Salmon for Bears
How do salmon declines affect coastal bears? And how much salmon biomass is required to sustain terrestrial species?
These are questions many people are asking in light of the increasing number of salmon runs that fail to return as expected to fall spawning streams.Raincoast scientists directly address this question with the Salmon Carnivore Program. Referenced against a backdrop of historical and contemporary declines in coastal salmon runs, we suspect that bears and wolves now receive a fraction of the salmon they once did.
Using hair collected from (non-invasive) fur snagging stations, we use DNA and isotopes to track bear numbers, estimate how much salmon coastal grizzlies are consuming and elucidate the relationship between salmon and bear numbers. We use hormonal assays to give us information about potential stress, reproductive activity and protein deprivation bears might show in response to poor salmon returns.
Current thinking in conservation science instructs salmon management to include the bears, wolves and other wildlife that have an evolutionary reliance on the annual pulse of nutrients and energy delivered via spawning salmon. Even the Department of Fisheries and Oceans Canada’s Wild Salmon Policy recognizes the need for management to transcend salmon ‘production’ alone and consider the needs of terrestrial species.
For this policy to be meaningful however, it requires fisheries managers to consider bears and wildlife by lowering catches and allowing more salmon to reach the rivers to spawn. Currently, humans engage in what ecologists call ‘exploitative competition’ – we capture salmon en route to spawning grounds before they can reach awaiting carnivores. Even salmon runs that spawn in protected watersheds and parks are subjected to exploitation by commercial fisheries at levels as high as 80 percent. Often, these parks were created to protect species such as grizzlies, black bears and wolves. As such, we suspect that grizzly bears in particular, receive a fraction of the salmon they are used to, which ultimately manifests in population declines. Not by ‘die-offs’ as some have speculated, but through repeated years of low birth rates.
In some areas, we also believe it is time to establish truly protected salmon runs – runs that would be managed solely for their importance to wildlife and ecosystems. This would allow salmon to return to spawning grounds without encountering the nets of the Pacific salmon fleet. And those fish would then spawn in rivers that flow naturally without their watersheds logged, developed or otherwise impaired.
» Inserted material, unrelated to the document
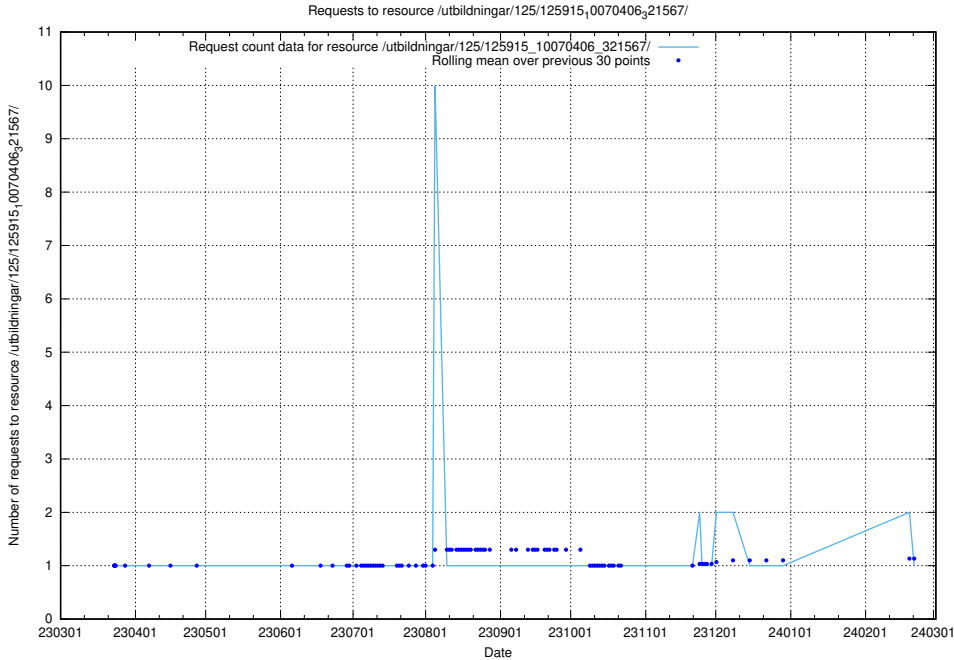

5.6637 Usage of /utbildningar/125/125915_10070406_321567/

Here, we count the number of requests to resource /utbildningar/125/125915_10070406_321567/.

Of course, it is not just fishing nets that rob bears and other wildlife of their energy needs. Fish farms, climate change, habitat loss, fresh water withdrawals, changing ocean conditions and processes, and more all influence salmon abundance. Many of these impacts are hard to predict, are indirectly related to salmon abundance, or require complex solutions. In contrast, reducing or eliminating exploitation – on at least some runs – is straightforward and would have an immediate and direct positive effect on coastal wildlife.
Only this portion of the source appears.